------ Given entries ------

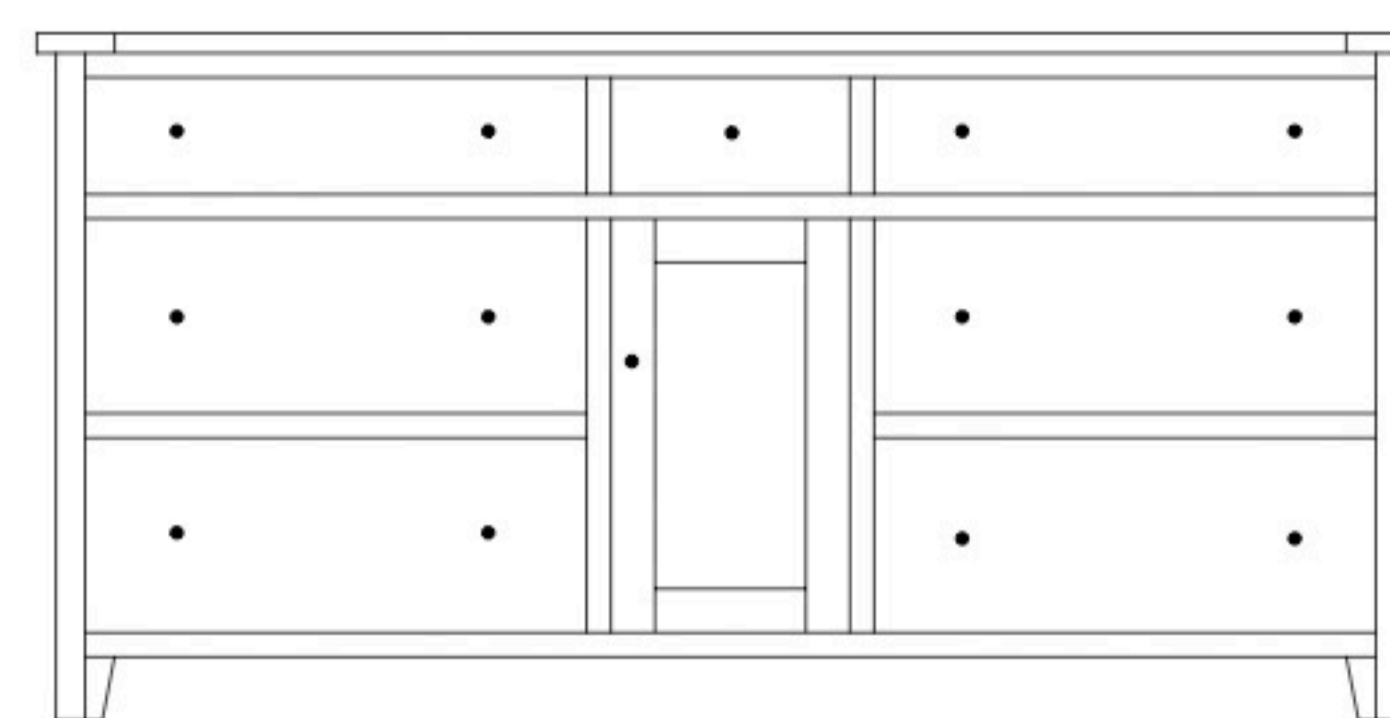

Timber Mill Dressers

TM-3357 Dresser shown with MI-3332 Mirror

TM-3354 Dresser
57¾"w 35½"h 21½"d
w/6 drawers

Suggested Mirrors:

MI-3330 Mirror
40"h 36"w

TM-3356 Dresser
71¼"w 35½"h 21½"d
w/7 drawers, 1 door
w/1 adjustable shelf

Suggested Mirrors:

MI-3331 Mirror
40"h 46"w

TM-3355 Dresser
67¾"w 35½"h 21½"d
w/7 drawers

Suggested Mirrors:

MI-3331 Mirror
40"h 46"w

TM-3357 Dresser
57¾"w 44¾"h 21½"d
w/9 drawers

Suggested Mirrors:

MI-3332 Mirror
32"h 42"w

TM-3358 Dresser
67¾"w 44¾"h 21½"d
w/9 drawers

Suggested Mirrors:

MI-3333 Mirror
32"h 52"w
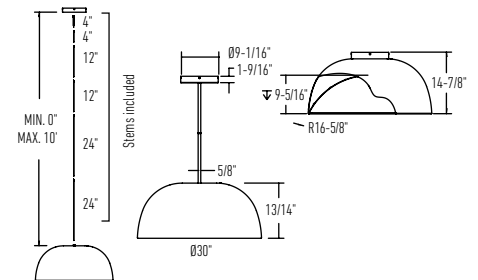

NAPF30-CC-UNV

Specifications

Can be mounted as either a pendant or a ceiling flush mount

Universal voltage driver supports 120V, 277V, or 347V input with both TRIAC and 0-10V dimming

Unique internal dome lens hides the light source, delivering a soft, gradient glow.

Adjustable height with quick connect stems. (NAPF12-CC: 1x 4\", 2x 12\", 1x 24\") (NAPF20 /30-CC: 2x 4\", 2x 12\", 2x 24\")

Switch-selectable CCT

Replaceable driver

Canopy mount on 4\" octagon junction box

5-year warranty

Finish

● **BK** Black

○ **WH** White

Accessories

NAPF20-ACCST24

24\" quick-connect Power Stem available in black and white

ACCST02

2\" quick-connect Power Stem available in black and white

ACCSTSL

Power Stem sloped-ceiling adapter available in black and white

Note

Other color temperatures, finishes, and voltage options are available but may require minimum order quantities (MOQs) and longer lead times. Please contact your DALI representative for more information.
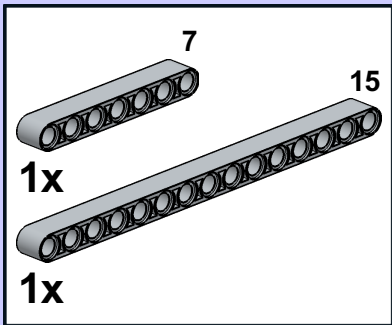

Brickworld[®]

2019 GBC Workshop Kit
Instructions

Sawtooth

Designed by
John Brost

1

2

3

3

4

5

6

7

9

- 1x 
- 2x 

10

11
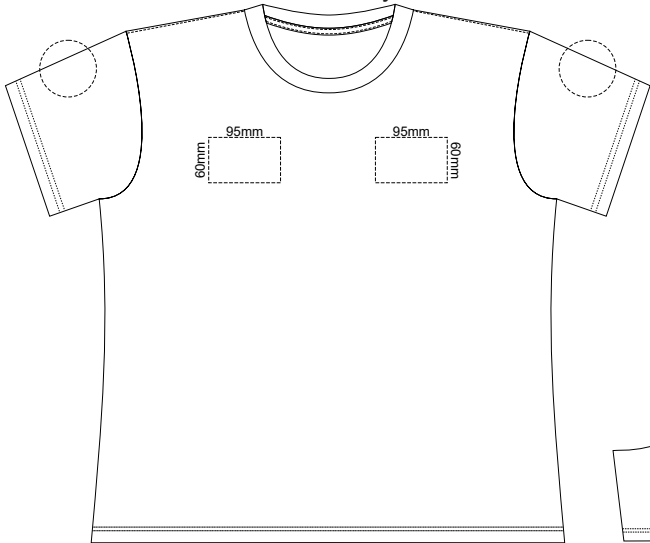

Print area 280x200mm can be rotated to best suit.

10% of Actual Size
Embroidery

WOMENS FRONT 3XL
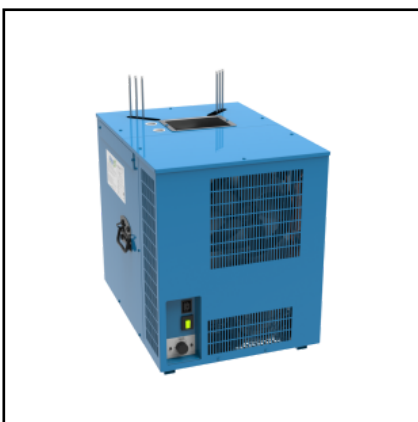

ARTICO 50 HORIZONTAL WATER

3 waters (natural cold, cold sparkling, room temperature) ► LINES up to 6 ways ◻ COMPR. POWER 1/3 HP ◻ PERFORMANCE 130 LT/H ◻ ICE BANK 20 KG ◻ WATER TUB CAP. 50 LT ◻ DIMENSIONS P 605,00 mm | H 555,00+85,00 mm | L 445,00 mm ✓ INCLUDED Recirculation pump

SV216 - Model - 3 Ways
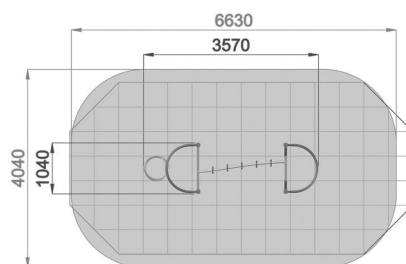

**C0300.PAL05**  
**PALESTRA HULA HOP**

Dimensions	Safety area	Impact area	Falling height HIC	Physical footprint	Number of users
	663 x 404 cm	23 mq	150 cm	357 x 104 x 200 cm	5

**Characteristics**

**Age range**

Fino a 12 anni

**Materials**

Made of EN EV6060 anodized aluminium 9x9cm custom mold with rounded edges, minimum thickness 2,7mm

**Plan**

**Picture**

**Manufacturer**

Pozza 1865 S.R.L.

**Country of manufacturing**

ITALY

Falling height / Area di Caduta 25mq  
Impact area / Area di Impatto 22.5mq  
Max falling height / Altezza Max di Caduta 1.40m

	Maximum falling height / Altezza di caduta: 1400 mm
--	---

------

■ Work item ■
Transcribe the whole listing exactly but exclude images.

■ Answer to this problem ■
Timber Mill Dressers

TM-3357 Dresser shown with MI-3332 Mirror

TM-3354 Dresser
57¾"w 35½"h 21½"d
w/6 drawers

Suggested Mirrors:

MI-3330 Mirror
40"h 36"w

TM-3356 Dresser
71¼"w 35½"h 21½"d
w/7 drawers, 1 door
w/1 adjustable shelf

Suggested Mirrors:

MI-3331 Mirror
40"h 46"w

TM-3355 Dresser
67¾"w 35½"h 21½"d
w/7 drawers

Suggested Mirrors:

MI-3331 Mirror
40"h 46"w

TM-3357 Dresser
57¾"w 44¾"h 21½"d
w/9 drawers

Suggested Mirrors:

MI-3332 Mirror
32"h 42"w

TM-3358 Dresser
67¾"w 44¾"h 21½"d
w/9 drawers

Suggested Mirrors:

MI-3333 Mirror
32"h 52"w

NAPF30-CC-UNV

Specifications

Can be mounted as either a pendant or a ceiling flush mount

Universal voltage driver supports 120V, 277V, or 347V input with both TRIAC and 0-10V dimming

Unique internal dome lens hides the light source, delivering a soft, gradient glow.

Adjustable height with quick connect stems. (NAPF12-CC: 1x 4\", 2x 12\", 1x 24\") (NAPF20 /30-CC: 2x 4\", 2x 12\", 2x 24\")

Switch-selectable CCT

Replaceable driver

Canopy mount on 4\" octagon junction box

5-year warranty

Finish

● **BK** Black

○ **WH** White

Accessories

NAPF20-ACCST24

24\" quick-connect Power Stem available in black and white

ACCST02

2\" quick-connect Power Stem available in black and white

ACCSTSL

Power Stem sloped-ceiling adapter available in black and white

Note

Other color temperatures, finishes, and voltage options are available but may require minimum order quantities (MOQs) and longer lead times. Please contact your DALI representative for more information.

Brickworld[®]

2019 GBC Workshop Kit
Instructions

Sawtooth

Designed by
John Brost

1

2

3

3

4

5

6

7

9

- 1x 
- 2x 

10

11

Print area 280x200mm can be rotated to best suit.

10% of Actual Size
Embroidery

WOMENS FRONT 3XL

ARTICO 50 HORIZONTAL WATER

3 waters (natural cold, cold sparkling, room temperature) ► LINES up to 6 ways ◻ COMPR. POWER 1/3 HP ◻ PERFORMANCE 130 LT/H ◻ ICE BANK 20 KG ◻ WATER TUB CAP. 50 LT ◻ DIMENSIONS P 605,00 mm | H 555,00+85,00 mm | L 445,00 mm ✓ INCLUDED Recirculation pump

SV216 - Model - 3 Ways

**C0300.PAL05**  
**PALESTRA HULA HOP**

Dimensions	Safety area	Impact area	Falling height HIC	Physical footprint	Number of users
	663 x 404 cm	23 mq	150 cm	357 x 104 x 200 cm	5

**Characteristics**

**Age range**

Fino a 12 anni

**Materials**

Made of EN EV6060 anodized aluminium 9x9cm custom mold with rounded edges, minimum thickness 2,7mm

**Plan**

**Picture**

**Manufacturer**

Pozza 1865 S.R.L.

**Country of manufacturing**

ITALY

Falling height / Area di Caduta 25mq  
Impact area / Area di Impatto 22.5mq  
Max falling height / Altezza Max di Caduta 1.40m

	Maximum falling height / Altezza di caduta: 1400 mm
--	---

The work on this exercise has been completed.